§ **GOAL OF THE EXERCISE**: Keep every line of the data below that has the string "Contours" and present those lines.

(Extracted records)
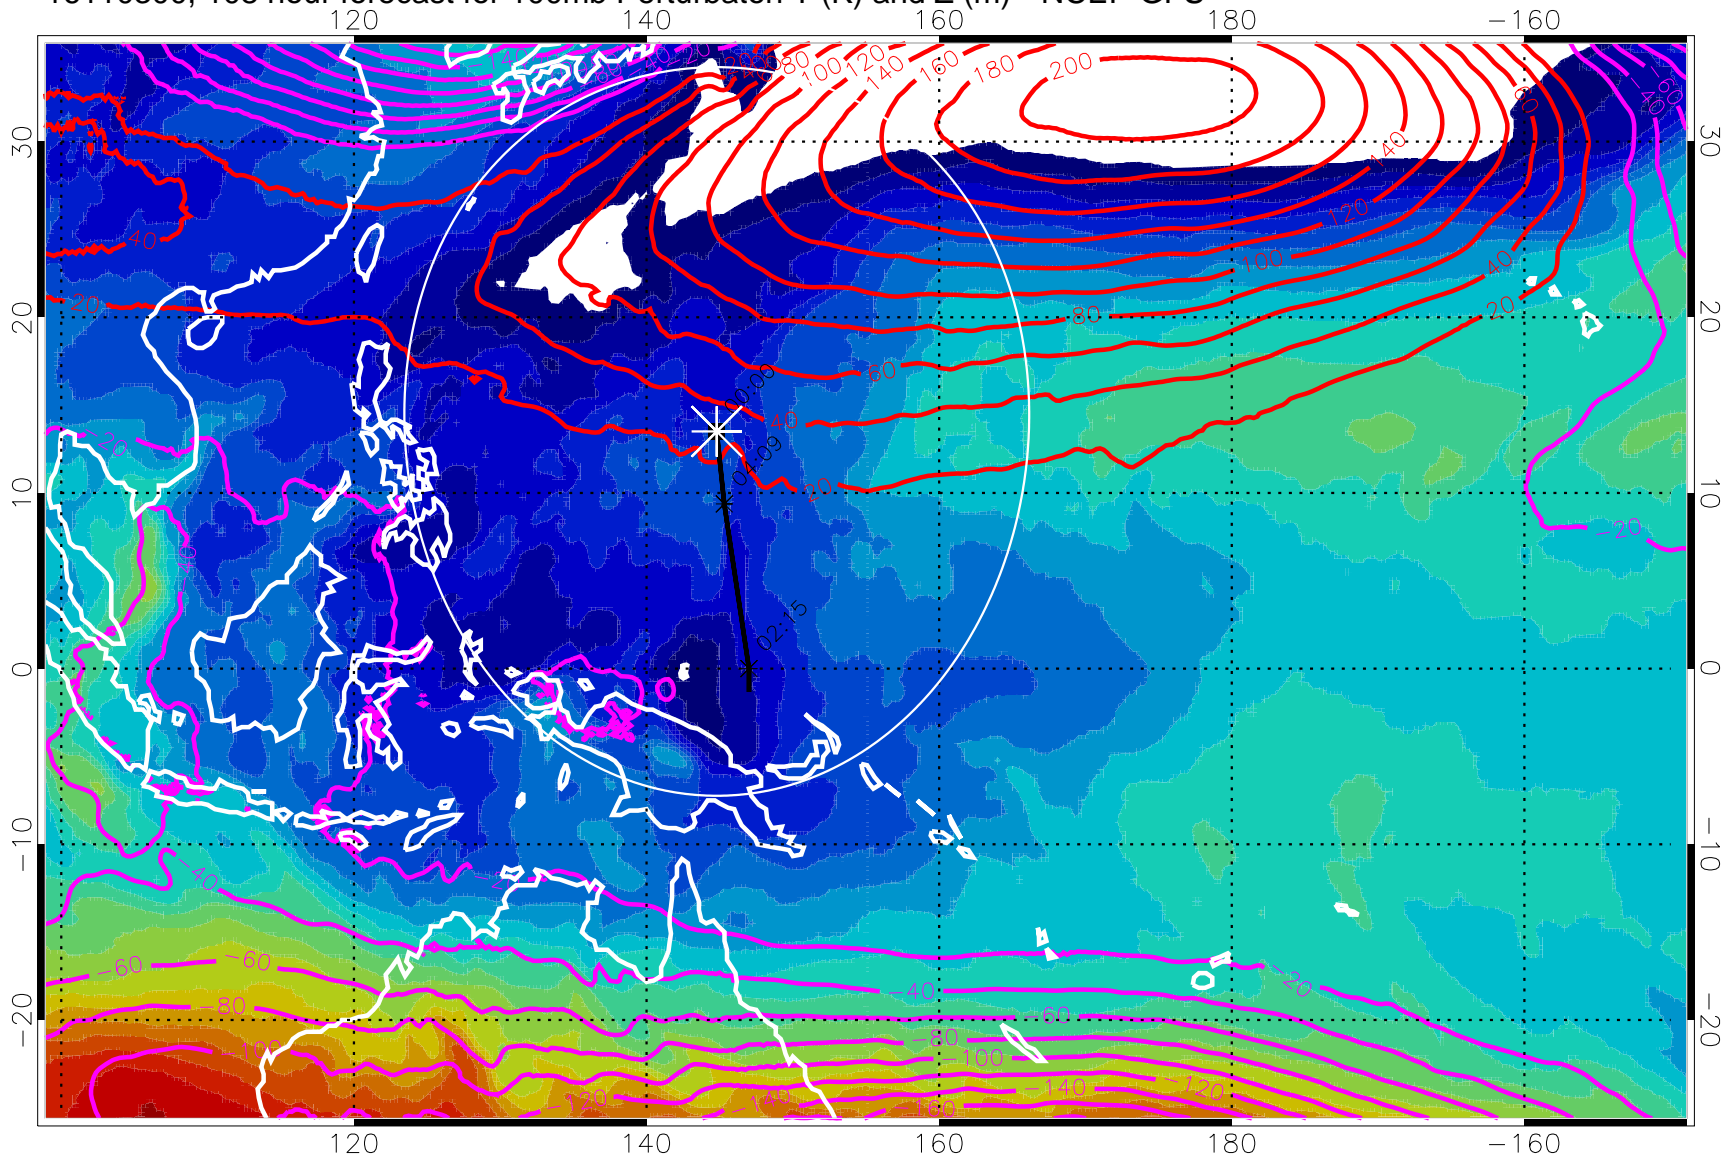

16110300, 108 hour forecast for 100mb Perturbaton T (K) and Z (m)-- NCEP GFS

Contours are 100 mbar Z perturbation (m)
Positive Z Contours
Negative Z Contours

Range ring of 2304 km

§ **EXPECTED ANSWER**:
Contours are 100 mbar Z perturbation (m)
Positive Z Contours
Negative Z Contours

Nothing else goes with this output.